▸ **Work item**
Without any pictures, the records below should be reproduced exactly.

Stored items from a collection
----------------

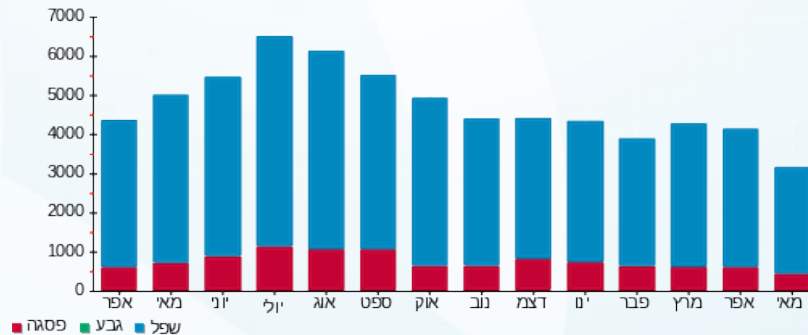

סה"כ לדייר:

פסגה	גבע	שפל	סה"כ	שיא ביקוש
585.50	0.00	3,904.95	4,490.45	13.64
246.96 ₪	0.00 ₪	1,476.07 ₪	1,723.04 ₪	

סה"כ צריכה

סה"כ לתשלום

245.92 ₪	תשלום קבוע	
37.74 ₪	תשלום עבור גודל חיבור בKVA (3x188)	
2,006.70 ₪	סה"כ לתשלום	לא כולל מע"מ

התפלגות חיוב בש"ח לפי תע"ז

פסגה (246.96 ₪) 86%  
 גבע (0.00 ₪) 0%  
 שפל (1,476.07 ₪) 14%

הסטוריית צריכה בקוט"ש

22/07/25 תאריך הפקדה:  
 20/05/25 תאריך קריאה נוכחית:  
 21/04/25 תאריך קריאה קודמת:

שם דייר: סושייל  
 שם אתר: רולר
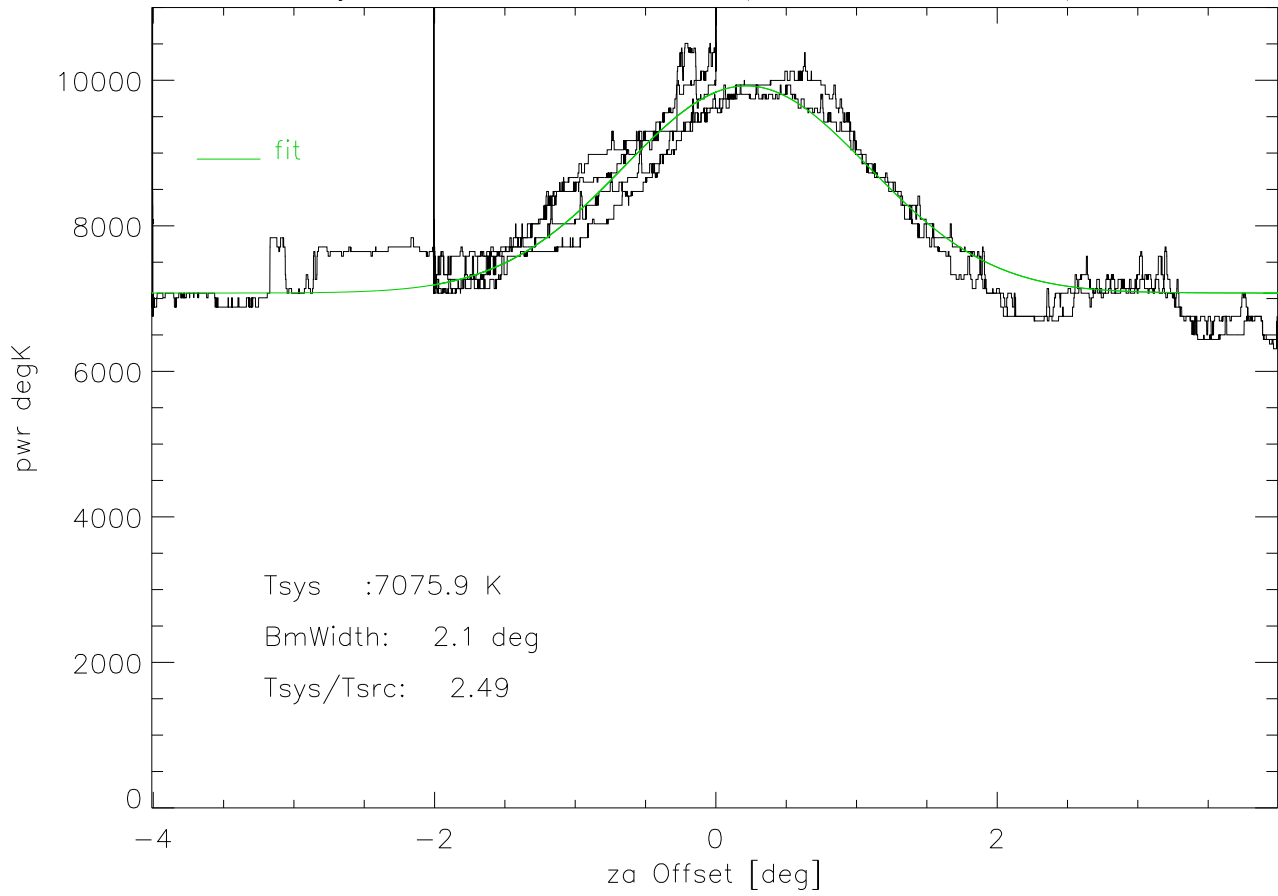

20jan06 46.8 Mhz rcvr scanning by herculesA PoIA

20jan06 46.8 Mhz rcvr scanning by herculesA PoIB

za Position while scanning

20jan06 46.8 Mhz hercA pwr vs za\_offset. polA

20jan06 46.8 Mhz hercA pwr vs za offset. polB
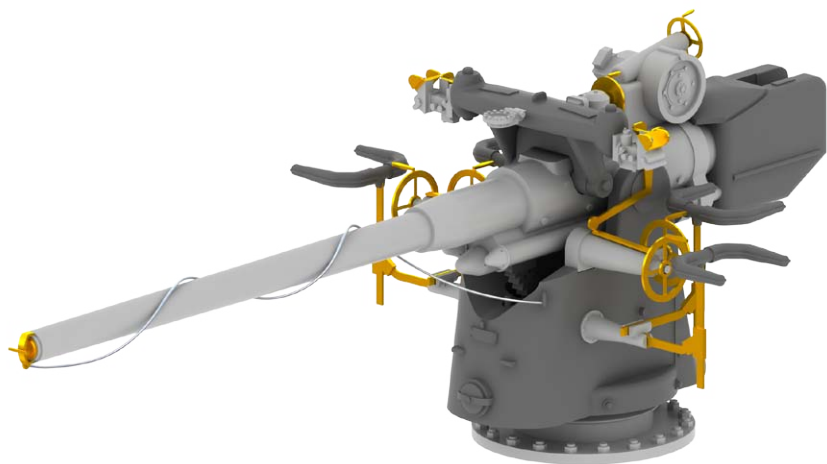

Brassin sada kanonu ráže 105 mm v úpravě pro použití na ponorkách Kriegsmarine v měřítku 1/72. Součástí sady jsou fotoleptané doplňky.
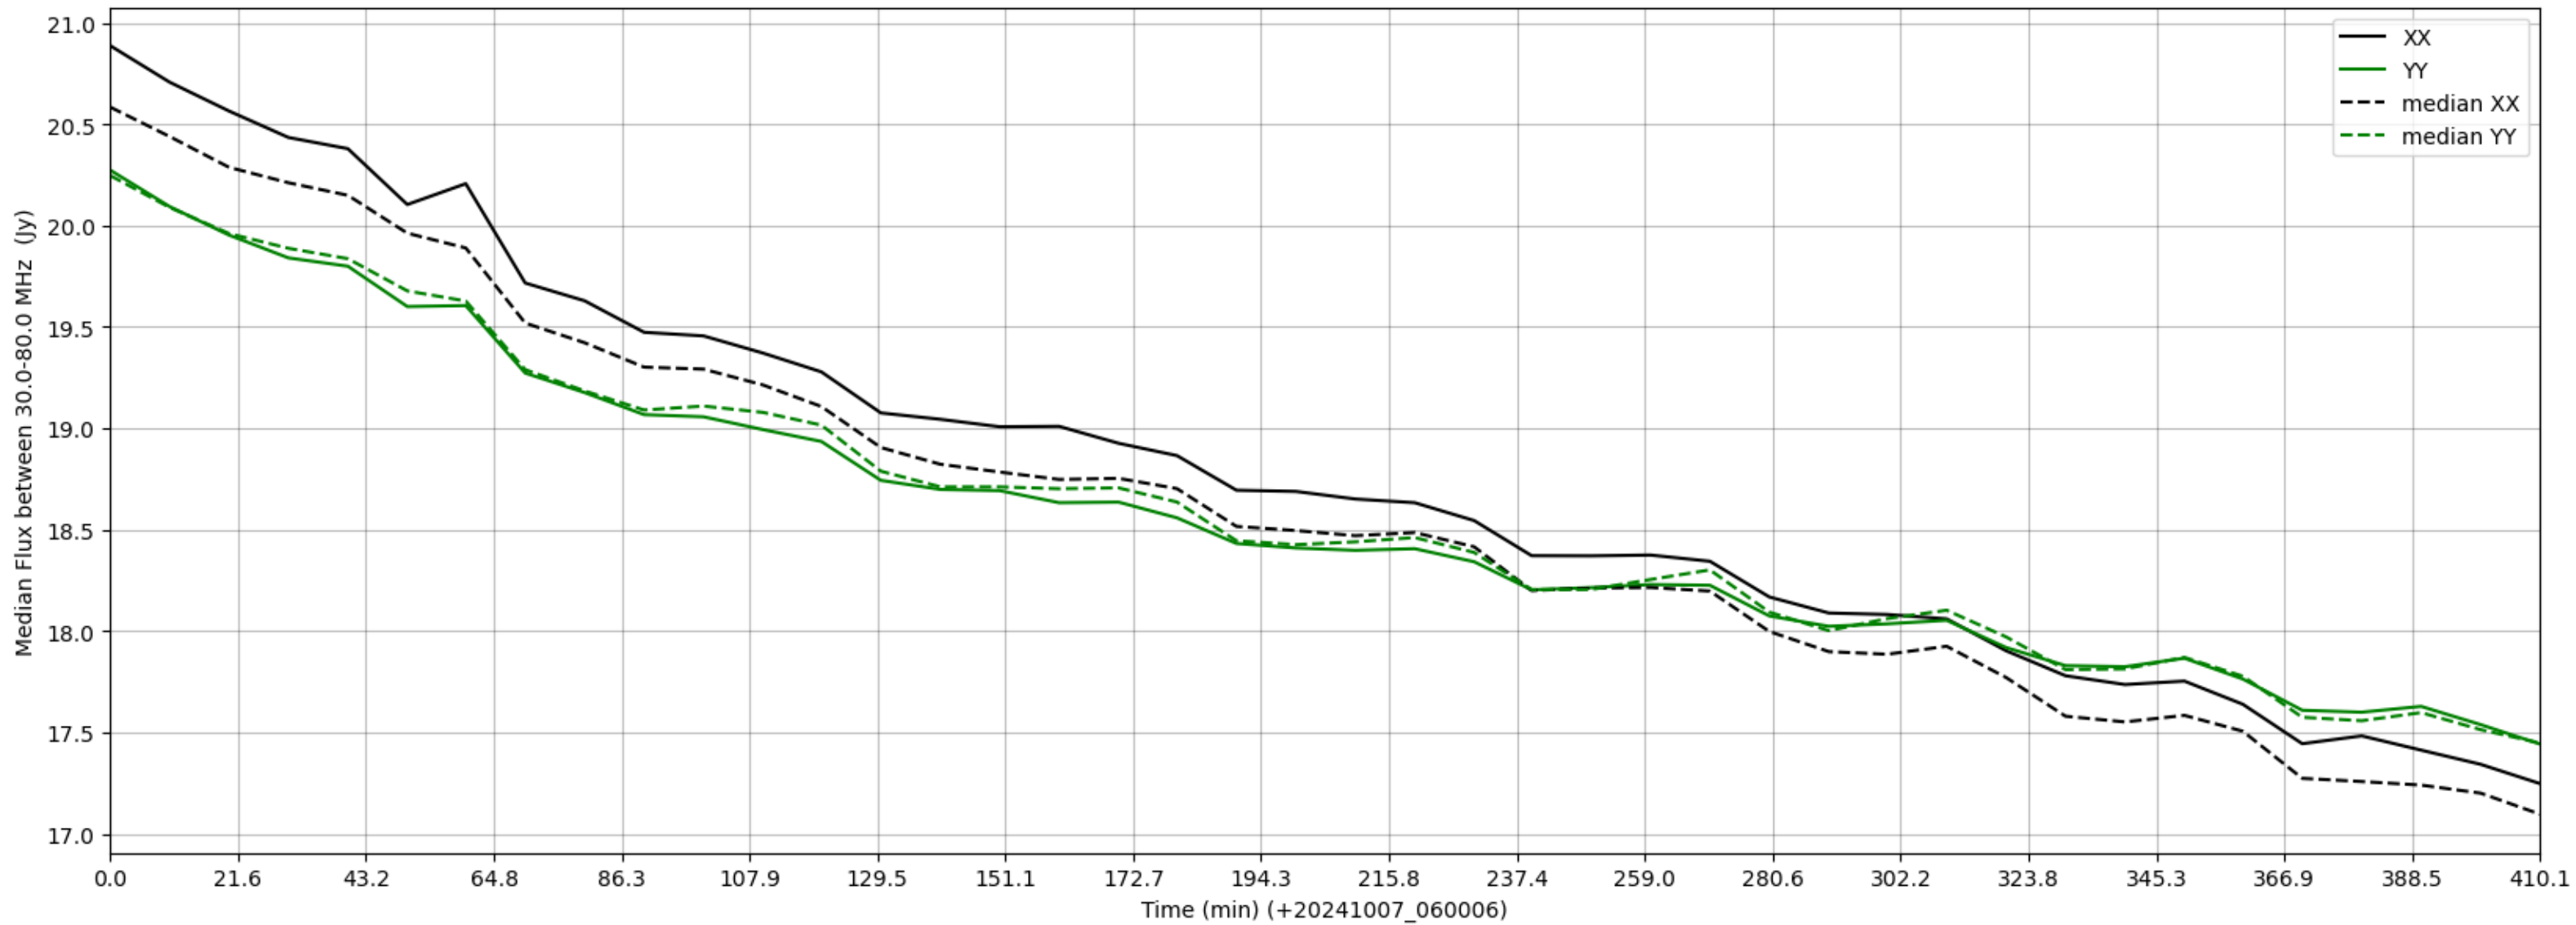

LWA032 - Correlator# 130 - XX FLAGS:Good - YY FLAGS:Good

LWA028 - Correlator# 129 - XX FLAGS:Good - YY FLAGS:Good

----------------

▸ **Solution to the problem**
סה"כ לדייר:

פסגה	גבע	שפל	סה"כ	שיא ביקוש
585.50	0.00	3,904.95	4,490.45	13.64
246.96 ₪	0.00 ₪	1,476.07 ₪	1,723.04 ₪	

סה"כ צריכה

סה"כ לתשלום

245.92 ₪	תשלום קבוע	
37.74 ₪	תשלום עבור גודל חיבור בKVA (3x188)	
2,006.70 ₪	סה"כ לתשלום	לא כולל מע"מ

התפלגות חיוב בש"ח לפי תע"ז

פסגה (246.96 ₪) 86%  
 גבע (0.00 ₪) 0%  
 שפל (1,476.07 ₪) 14%

הסטוריית צריכה בקוט"ש

22/07/25 תאריך הפקדה:  
 20/05/25 תאריך קריאה נוכחית:  
 21/04/25 תאריך קריאה קודמת:

שם דייר: סושייל  
 שם אתר: רולר

20jan06 46.8 Mhz rcvr scanning by herculesA PoIA

20jan06 46.8 Mhz rcvr scanning by herculesA PoIB

za Position while scanning

20jan06 46.8 Mhz hercA pwr vs za\_offset. polA

20jan06 46.8 Mhz hercA pwr vs za offset. polB

Brassin sada kanonu ráže 105 mm v úpravě pro použití na ponorkách Kriegsmarine v měřítku 1/72. Součástí sady jsou fotoleptané doplňky.

LWA032 - Correlator# 130 - XX FLAGS:Good - YY FLAGS:Good

LWA028 - Correlator# 129 - XX FLAGS:Good - YY FLAGS:Good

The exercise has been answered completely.